That was the topic discussed recently by OCLC Research Library Partners metadata managers, initiated by Roxanne Missingham of Australian National University and Dawn Hale of Johns Hopkins University. Originally entitled “workflows associated with sharing digital collections (both born-digital and digitized)”, the topic arose from institutions’ increasingly sharing the metadata for their digital collections with both national and international discovery services. Within individual organizations, librarians create and recreate metadata for digital and digitized resources in a plethora of systems—the library catalog, archive management, digital asset and preservation systems, the institutional repository, research management systems and external subscription-based repositories. Targets for sharing this metadata range from tailored topic-based digital discovery services to national and international aggregations such as Google Scholar, HathiTrust, Digital Public Library of America (DPLA), Internet Archive, Trove and WorldCat. (The graphic above shows some of the targets identified by OCLC Research Library Partners.) Such aggregations can also help inform an institution’s own collection development, as librarians can see their contributions in the context of others’ content and identify gaps that they may wish to fill locally.

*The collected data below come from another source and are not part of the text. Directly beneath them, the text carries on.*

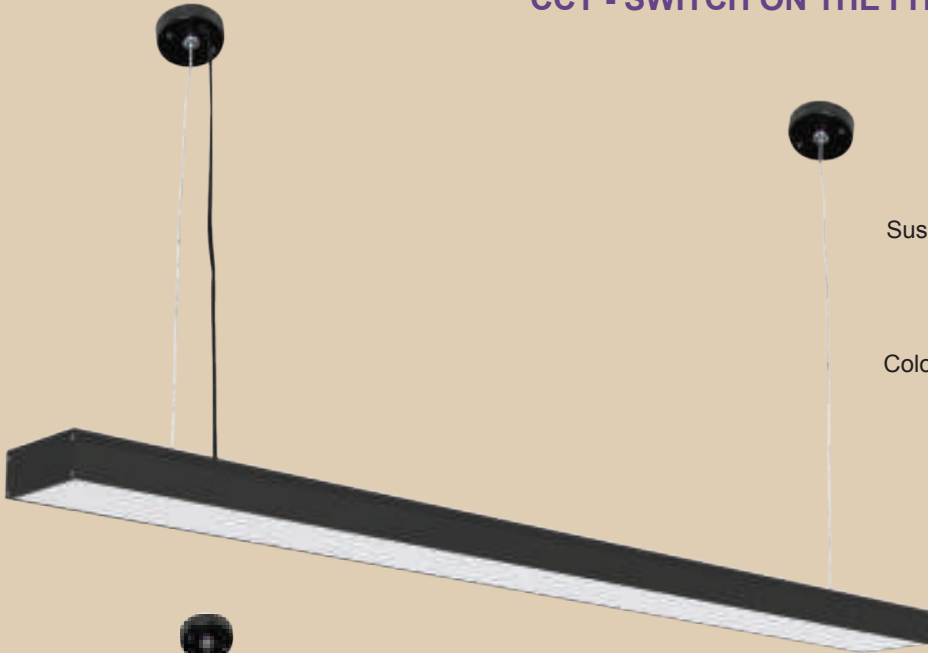

Pendants

LED PENDANTS

CCT - SWITCH ON THE FITTING

PEN866/36 BLACK

Colour: Matt Black
Material: Metal and PC
Suspended or Surface Mount LED Panel,
IP20

- 36W LED (Included)

Colour Temp: CCT 3000K, 4000K, 6000K
Lumen: 2880
CRI: >80
PF: 0.5

Beam Angle: 120 Degrees
Length: 1200mm
Width: 70mm
Height: 40mm

Workflows for sharing metadata are often highly manual and can involve significant reworking of data through retyping, cumbersome spreadsheets and processes that impede rapid and effective access to digital content. The resources required for these current practices impede timely access as well as innovation and development of scholarly research.
Given the variety of sources for digital collections’ metadata, even within the same institution, we should not be surprised that a number of different metadata schemas are used, including Dublin Core, Encoded Archival Description (EAD), Resource Description Framework (RDF), Metadata Authority Description Schema (MADS), Metadata Object Description Schema (MODS), Metadata Encoding and Transmission Standard (METS), Text Encoding Initiative (TEI) as well as locally customized schema. Libraries often rely on crosswalks to massage the metadata from their databases into a schema acceptable to the aggregator, which necessitates losing information from the source data that cannot be mapped. Increased exposure of one’s digital collections in a national or international aggregation is important enough to invest in this effort, and the metadata will usually include a pointer to the original source containing the more detailed information.
Focus group members thought it unlikely that one “best practices” could cover the entire range of potential aggregations, as each can differ in terms of audience, scope, context, purpose and functionality. However, developing best practices for a given target is more feasible. For example, OCLC Research Library Partners Pennsylvania State and Temple Universities have collaborated with other institutions in Pennsylvania to develop Pennsylvania’s DPLA Metadata Guidelines, “Requirements, Recommendations and Best Practices for Preparing Metadata”, which also referred to guidelines prepared by other DPLA hubs, service providers and other information professionals.
Some of the key challenges in sharing and re-using metadata describing digital collections:
- Aggregators often have different guidelines and input formats. There is a conflict between aggregators’ very reasonable contention that they cannot support many variations in submitted metadata vs. contributors’ very reasonable contention that they cannot support the different particular needs of a wide range of aggregators. Similarly, aggregators are beginning to strongly encourage or require specific metadata elements and values to support functions they want to offer, whereas contributors do not have the programs or resources to supply such information for existing digital resources.
- Disseminating corrections or updates between the source and the aggregation can be problematic. Information that may have been corrected in the chain leading to incorporation in the aggregation may not be pushed back to the source, so that the same errors must be corrected repeatedly. It is often not clear what data elements have been updated, when or by whom.
- Rights to exposed digital collections may not be easily shareable. Not all metadata is “descriptive” but also includes administrative, technical or preservation information including the terms for sharing. This information may be difficult to share. Some data must be embargoed for a period of time. OCLC Research held a seminar in 2010, “Undue Diligence: Seeking Low-risk Strategies for Making Collections of Unpublished Materials More Accessible” resulting in the document, Well-intentioned practice for putting digitized collections of unpublished materials online, endorsed by the Society of American Archivists the following year.
Although most digital collections are not yet exposed as linked data, a number of the OCLC Research Library Partners expect to publish some digital collections as linked data within the next year or two. The potential of using persistent identifiers to link to the most current version of a digital object, entity or term is very promising, and would mitigate problems associated with correcting data among different databases. It also raised a number of questions, including:
- How could we bundle together “statements” associated with a specific collection to provide the needed context? Would it suffice to include attributes that a digital object is a “part of” a collection?
- How would aggregators determine which statements were appropriate to ingest or fetch for its given audience or purpose?
- How could ontologies be aligned, especially when the same objects could be described in statements using different models?
- How could consumers determine the provenance of a given statement for its trustworthiness and authority?